Dalam aturan tersebut, pelapor akan mendapatkan 0,2 persen dari total kerugian negara, dengan batas maksimal Rp 200 juta. Sementara itu, untuk kasus suap, preminya sebesar 0,2 persen dari hasil lelang barang rampasan, dengan nilai maksimal Rp 10 juta. Penilaian terhadap kelayakan premi dilakukan paling lama 30 hari sejak jaksa menerima salinan putusan pengadilan.
Namun, pertanyaannya: apakah kebijakan ini cukup efektif untuk memerangi korupsi di Indonesia?
Skema Whistleblower di Berbagai Negara
Kebijakan memberikan imbalan bagi whistleblower bukanlah hal baru.

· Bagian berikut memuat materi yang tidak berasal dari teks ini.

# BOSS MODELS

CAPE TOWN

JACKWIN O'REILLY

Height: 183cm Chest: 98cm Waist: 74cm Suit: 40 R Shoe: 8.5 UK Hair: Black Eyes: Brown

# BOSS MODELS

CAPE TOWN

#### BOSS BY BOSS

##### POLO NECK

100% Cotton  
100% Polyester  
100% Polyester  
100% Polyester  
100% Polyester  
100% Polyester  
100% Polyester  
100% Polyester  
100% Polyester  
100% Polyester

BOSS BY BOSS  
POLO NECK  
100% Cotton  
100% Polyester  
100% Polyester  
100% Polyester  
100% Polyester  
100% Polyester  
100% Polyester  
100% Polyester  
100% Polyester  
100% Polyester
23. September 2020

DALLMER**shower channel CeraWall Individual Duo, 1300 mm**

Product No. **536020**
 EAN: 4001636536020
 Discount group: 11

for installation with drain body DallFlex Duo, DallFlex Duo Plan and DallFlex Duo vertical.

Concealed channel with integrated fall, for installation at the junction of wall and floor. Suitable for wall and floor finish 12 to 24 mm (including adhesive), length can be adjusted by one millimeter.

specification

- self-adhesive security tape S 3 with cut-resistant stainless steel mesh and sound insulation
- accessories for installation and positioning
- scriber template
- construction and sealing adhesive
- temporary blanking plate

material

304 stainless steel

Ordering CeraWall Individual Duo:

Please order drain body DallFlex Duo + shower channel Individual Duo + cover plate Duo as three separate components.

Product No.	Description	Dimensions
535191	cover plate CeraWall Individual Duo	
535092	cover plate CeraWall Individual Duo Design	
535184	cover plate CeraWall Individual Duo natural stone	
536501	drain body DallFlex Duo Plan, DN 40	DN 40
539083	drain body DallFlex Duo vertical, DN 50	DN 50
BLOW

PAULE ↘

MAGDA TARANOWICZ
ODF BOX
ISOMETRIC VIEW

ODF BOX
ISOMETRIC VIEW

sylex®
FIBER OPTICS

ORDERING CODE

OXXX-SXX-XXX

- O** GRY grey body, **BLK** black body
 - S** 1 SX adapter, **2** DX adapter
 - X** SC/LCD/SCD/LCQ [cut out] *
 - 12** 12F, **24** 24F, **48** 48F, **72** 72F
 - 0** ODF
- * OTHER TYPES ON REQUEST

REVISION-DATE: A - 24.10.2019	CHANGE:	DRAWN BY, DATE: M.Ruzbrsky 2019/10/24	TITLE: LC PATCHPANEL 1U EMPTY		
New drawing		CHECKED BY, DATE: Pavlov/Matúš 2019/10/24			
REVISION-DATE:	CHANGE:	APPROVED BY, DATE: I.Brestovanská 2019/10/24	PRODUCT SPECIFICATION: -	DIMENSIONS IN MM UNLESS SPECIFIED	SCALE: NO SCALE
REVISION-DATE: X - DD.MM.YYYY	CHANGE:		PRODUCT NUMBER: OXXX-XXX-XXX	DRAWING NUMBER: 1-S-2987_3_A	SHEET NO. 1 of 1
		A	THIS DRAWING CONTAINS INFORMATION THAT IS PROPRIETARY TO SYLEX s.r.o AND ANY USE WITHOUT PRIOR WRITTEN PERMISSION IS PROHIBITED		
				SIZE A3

Amerika Serikat, misalnya, memiliki skema lebih agresif dengan memberikan 10 persen hingga 30 persen dari total kerugian kepada pelapor. Sistem ini terbukti efektif dalam membongkar kasus-kasus besar, terutama di sektor keuangan dan pemerintahan.
Di beberapa negara lain, seperti Korea Selatan dan Inggris, program perlindungan bagi pelapor juga diperkuat dengan jaminan hukum dan keamanan. Perlindungan ini mencakup anonimitas, perlindungan hukum dari ancaman balas dendam, serta pendampingan hukum bagi pelapor. Dengan sistem yang matang, banyak individu berani melaporkan praktik korupsi tanpa takut kehilangan pekerjaan atau menghadapi intimidasi.
Tantangan dalam Implementasi di Indonesia
Meskipun aturan ini menjanjikan insentif finansial, masih ada beberapa tantangan yang perlu diperhatikan dalam implementasinya. Salah satunya adalah perlindungan bagi pelapor. Selama ini, banyak kasus di mana whistleblower justru mengalami ancaman, intimidasi, atau bahkan dikriminalisasi setelah mengungkap kasus korupsi.